When and from where was Scotland first colonised are key debates in studies of the Mesolithic in northwest Europe. The earliest radiocarbon-dated evidence indicates an in-filling of Scotland by people after c. 8300 BC though much speculation exists concerning the routes taken by the first people reaching its west coast. Models for this process of colonisation often factor in a heavy emphasis on the role of marine resources in the procurement strategies of pioneering communities, these largely being based on studies of Mesolithic middens distributed across the west coast mainland and the islands of the Hebridean archipelago. With deep sounds and large stretches of open water, access to these islands had to have been by boats, the direct evidence for which is currently lacking.

In this contribution we describe one of the earliest Mesolithic sites in western Scotland, located at Fiskary Bay on the small island of Coll. Excavation has yielded Mesolithic chipped stone artefacts in association with fish bone, a piece of worked antler and charred plant remains.
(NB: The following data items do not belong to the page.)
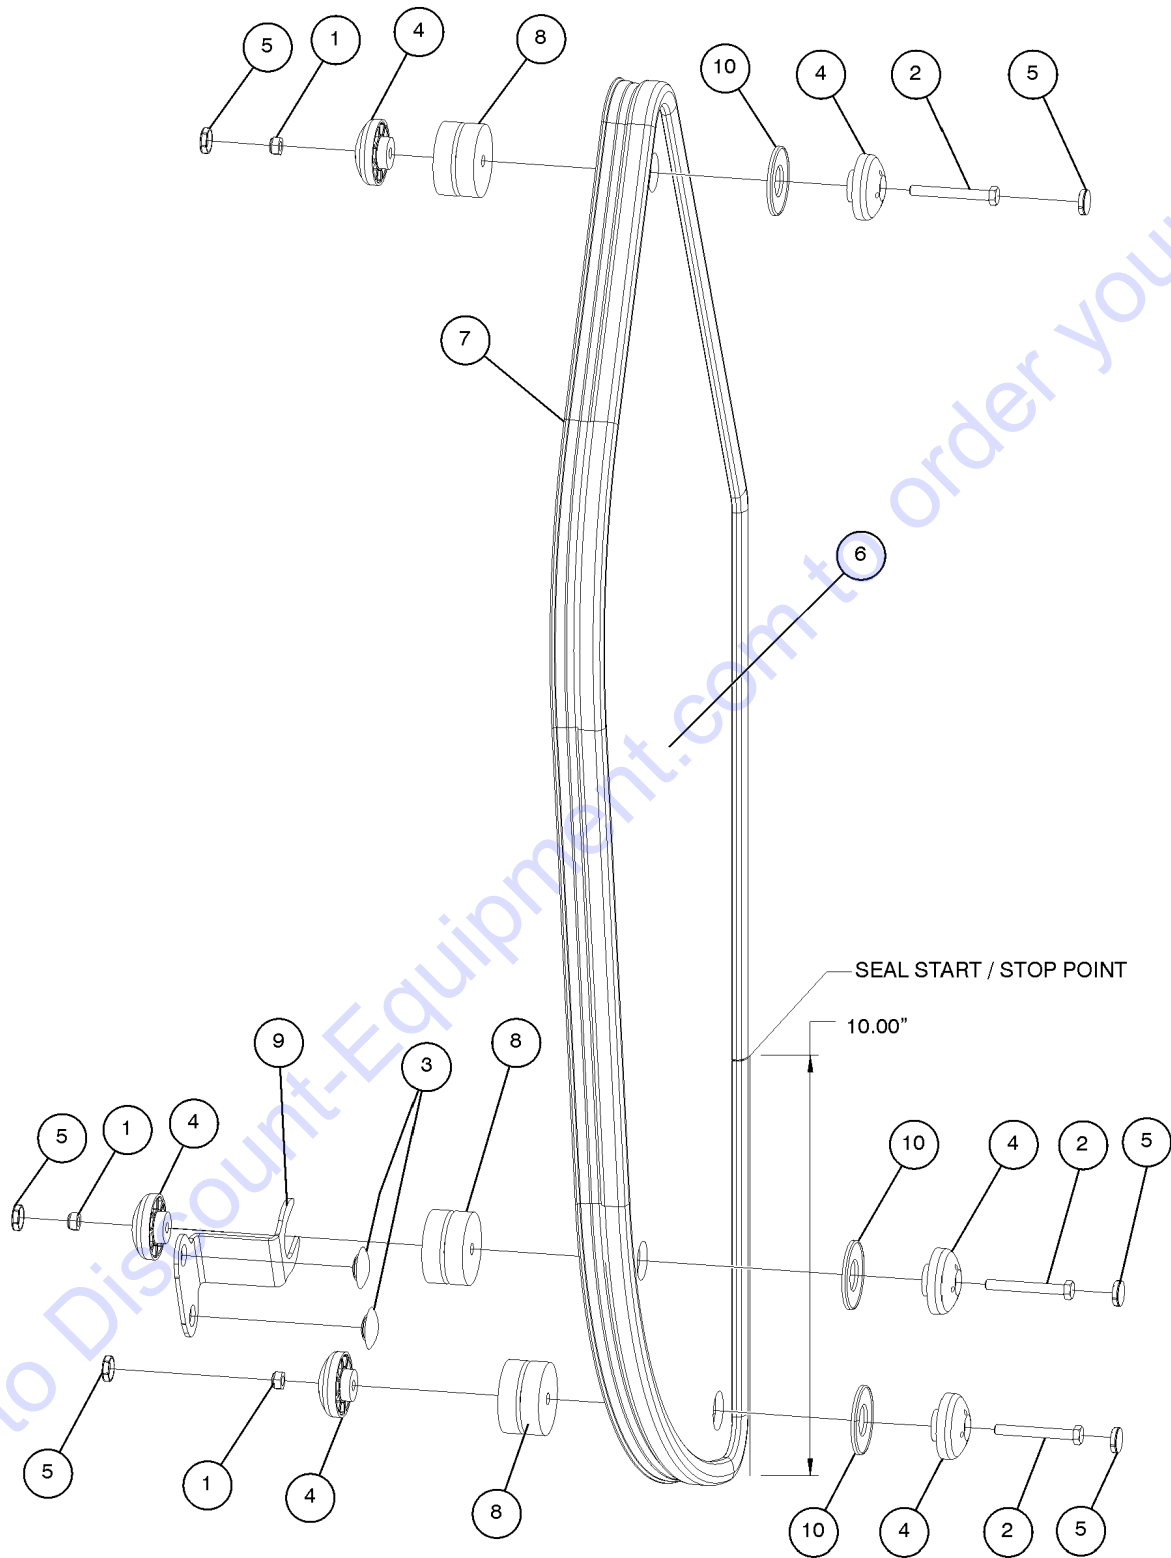

410.1 Enclosed Cab Assembly Option, View 5

Item	Part No.	Description	Qty.
1	11890GT	GLIDE BUTTON,SIDE,GLL,.100 TK.....	2
2	824119GT	WASHER,FLAT,.25X1.25X.062,ZAG.....	4
3	1256454GT	SCREW,HHC,M6-1.0X55,DIN931,10.....	4
4	1256459GT	WASHER,SHIM,.938X1.37X0.048,ZA.....	4
5	43392GT	BUMPER,BATTERY BOX & RAILS.....	2
6	1256455GT	NUT,TL,M6-1.0,DIN980,10,ZAB.....	4
7	60584GT	GROMMET,RUBBER .75 X .19 X 1**.....	2
8	130123GT	BUSHING,WINDOW FASTENER.....	8
9	130124GT	CAP,WINDOW BUSHING.....	8
10	130126GT	SPACER,CAB WINDOW.....	4
11	1253969GT	PLATE,WINDOW RETAINER.....	2
12	130161GT	GLASS,REAR WINDOW.....	1
13	1253970GT	PLATE,WINDOW LEVER.....	2
14	130163GT	WEATHERSTRIP,DOUBLE BULB.....	.95
15	130189GT	SPACER,GLASS BUSHING.....	4

Go to Discount-Equipment.com to order your parts

411.1 Enclosed Cab Assembly Option, View 6

The site is interpreted primarily as a short-term fishing camp, visited on multiple occasions between c. 7200 and 6200 BC. The cessation of visits to Fiskary appears to relate to a significant population decline in western Scotland that has been causally linked to the abrupt cooling of the so-called 8.2ka event. We compare the charred plant remains and an off-site pollen-stratigraphic record to explore vegetation resource availability and woodland exploitation. The palaeoecological records obtained from the wood charcoal and fish bone assemblages indicate that foragers were camping and fishing for near-shore dwelling marine fish, perhaps using fish traps at the shoreline. As such, Fiskary provides one further element of the Early Mesolithic settlement-subsistence system that suggests that adaptations suited to coastal and marine oriented economic strategies were established within foraging groups in western Scotland by the latter quarter of the 8th millennium BC.